_Goal of the exercise_
In the records below, locate the line containing "LAVADORA 7MWT96720WMO"; output that line and every following line through the last, exactly.

** The records follows **

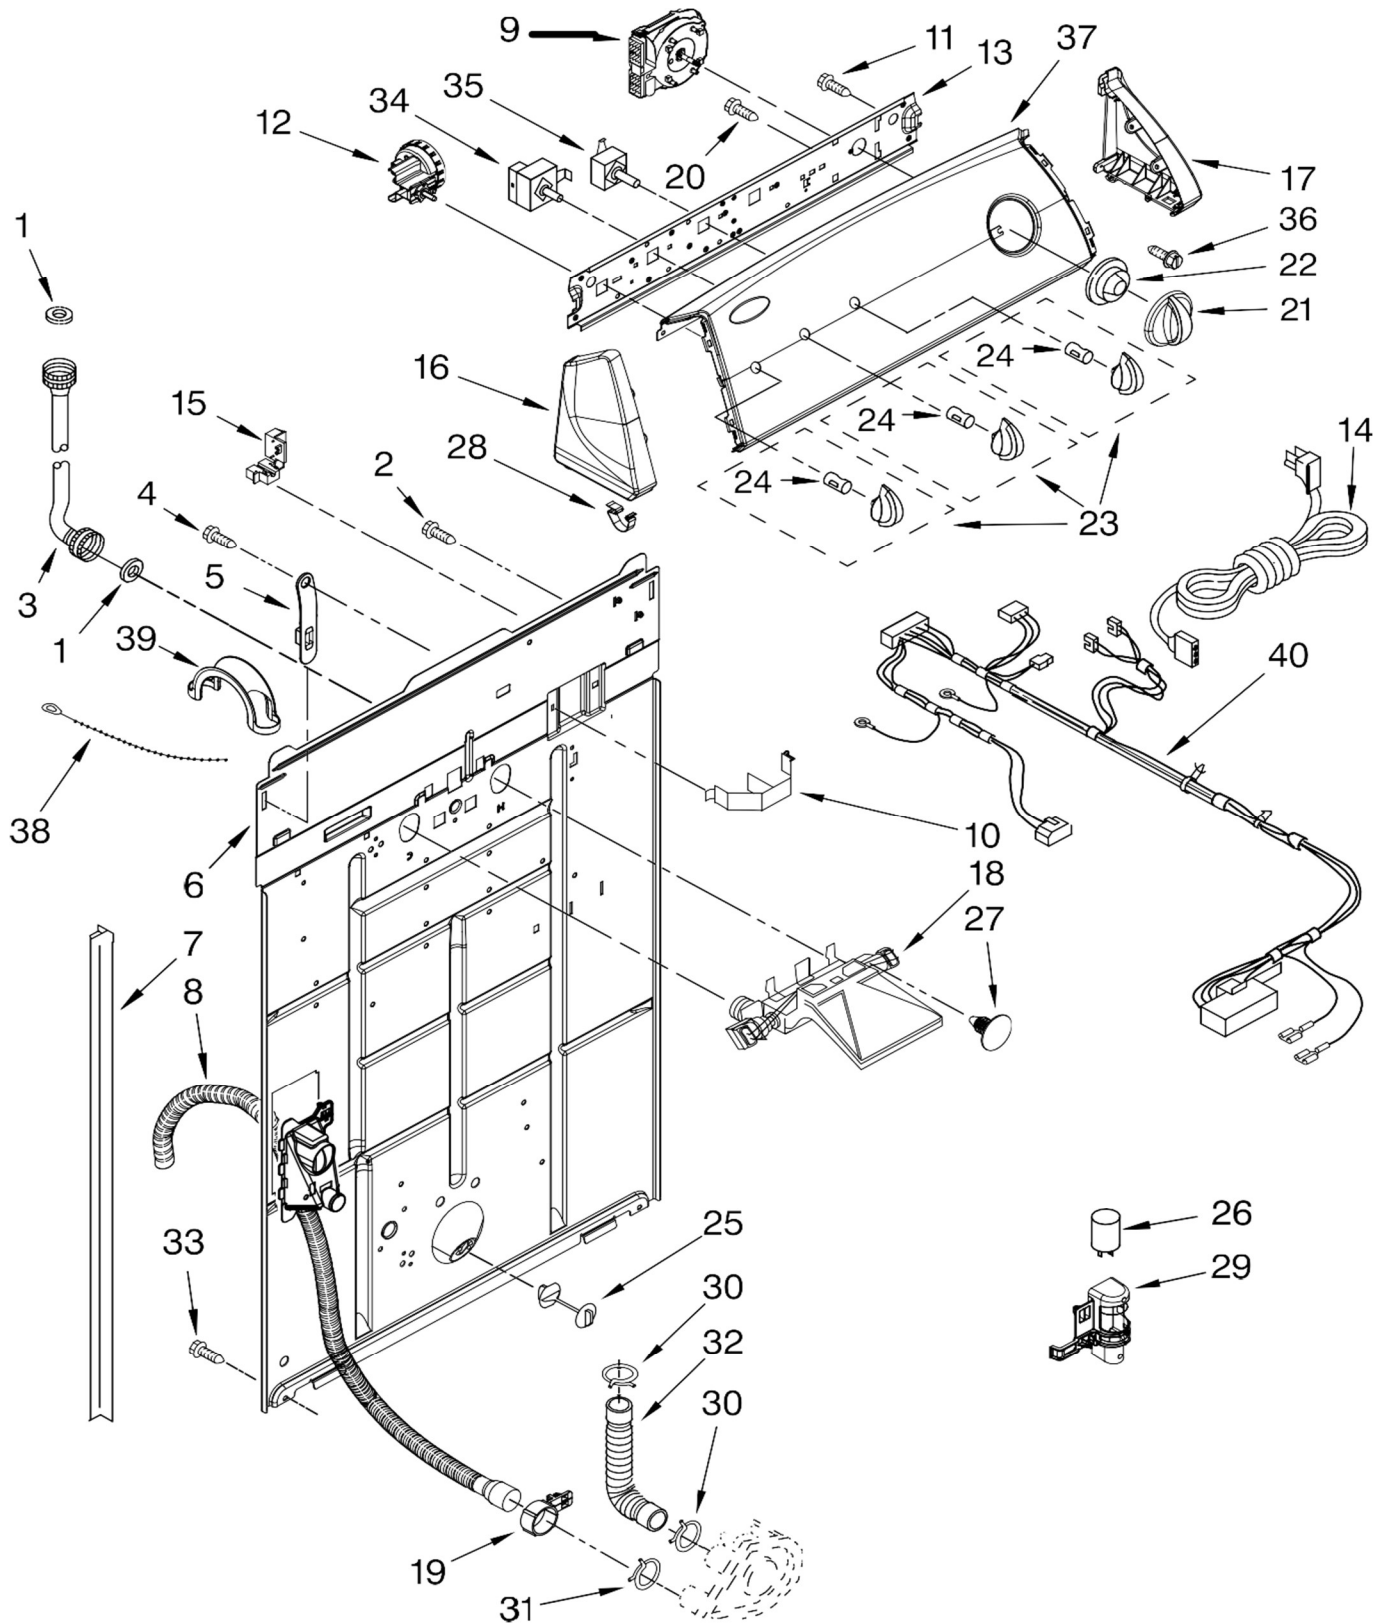

Distribuidor Autorizado

SurteRápido.com

Venta de Refacciones
Electrodomesticas

LAVADORA 7MWT96720WM0

LAVADORA 7MWT96720WMO

Illus. No.	Part No.	DESCRIPTION
1	W10242307	Washer, Water Inlet Hose (4) (1-1/16 x 5/8)
2	3351614	Screw, Ground
3		Hose, Water Inlet (2)
	W10194210	Cold Water
	W10196191	Hot Water
4	9740848	Screw, 8-18 x 1/2
5	8568314	Strap, Console (2)
6	W10194450	Panel, Rear
7	62747	Pad, Rear Panel
8	W10189267	Hose, Drain Assembly (Includes Item 19)
9	W10185786	Timer, Control (60 Hz.) (Motor Not A Service Part)
10	8055003	Clip, Harness & Pressure Hose

Illus. No.	Part No.	DESCRIPTION
11	90767	Screw, 8-18 x 3/8
12	8577844	Switch, Water Level
13	8566003	Bracket, Control
14	W10115689	Cord, Power (Includes Item 15)
15	3952821	Strain Relief, Power Cord
16	8566035	Cap, End (L.H.) (Includes Item 28)
17	8566032	Cap, End (R.H.) (Includes Item 28)
18	W10278652	Valve, Water Inlet W/Vacuum Break
19	8541668	Clamp, Hose
20	3400073	Screw, Ground
21	8566022	Knob, Timer
22	8566018	Dial, Timer
23	8565944	Knob, Control
24	8536939	Clip, Knob
25	8519200	Support, Rear Panel

Illus. No.	Part No.	DESCRIPTION
26	8572717	Capacitor, Motor Start
27	W10000080	Clip, Push-In Retainer
28	8312709	Clip, Console
29	8318046	Clip, Capacitor
30	3363366	Clamp, Hose
31	8317496	Clamp, Hose
32	3951449	Hose, Pump To Tub (Includes Item 30)
33	62863	Screw, 10-16 x 3/8
34	661614	Switch, Water Temperature
35	3949187	Switch, Rotary
36	3400818	Screw, Timer Mounting
37	W10244040	Panel, Console
38	3347868	Cable Tie
39	8577378	U-Bend, Drain Hose
40	W10246530	Harness, Wiring (For Detail See Pages 9 & 10)

** End of The records **

_Finished exercise_
LAVADORA 7MWT96720WMO

Illus. No.	Part No.	DESCRIPTION
1	W10242307	Washer, Water Inlet Hose (4) (1-1/16 x 5/8)
2	3351614	Screw, Ground
3		Hose, Water Inlet (2)
	W10194210	Cold Water
	W10196191	Hot Water
4	9740848	Screw, 8-18 x 1/2
5	8568314	Strap, Console (2)
6	W10194450	Panel, Rear
7	62747	Pad, Rear Panel
8	W10189267	Hose, Drain Assembly (Includes Item 19)
9	W10185786	Timer, Control (60 Hz.) (Motor Not A Service Part)
10	8055003	Clip, Harness & Pressure Hose

Illus. No.	Part No.	DESCRIPTION
11	90767	Screw, 8-18 x 3/8
12	8577844	Switch, Water Level
13	8566003	Bracket, Control
14	W10115689	Cord, Power (Includes Item 15)
15	3952821	Strain Relief, Power Cord
16	8566035	Cap, End (L.H.) (Includes Item 28)
17	8566032	Cap, End (R.H.) (Includes Item 28)
18	W10278652	Valve, Water Inlet W/Vacuum Break
19	8541668	Clamp, Hose
20	3400073	Screw, Ground
21	8566022	Knob, Timer
22	8566018	Dial, Timer
23	8565944	Knob, Control
24	8536939	Clip, Knob
25	8519200	Support, Rear Panel

Illus. No.	Part No.	DESCRIPTION
26	8572717	Capacitor, Motor Start
27	W10000080	Clip, Push-In Retainer
28	8312709	Clip, Console
29	8318046	Clip, Capacitor
30	3363366	Clamp, Hose
31	8317496	Clamp, Hose
32	3951449	Hose, Pump To Tub (Includes Item 30)
33	62863	Screw, 10-16 x 3/8
34	661614	Switch, Water Temperature
35	3949187	Switch, Rotary
36	3400818	Screw, Timer Mounting
37	W10244040	Panel, Console
38	3347868	Cable Tie
39	8577378	U-Bend, Drain Hose
40	W10246530	Harness, Wiring (For Detail See Pages 9 & 10)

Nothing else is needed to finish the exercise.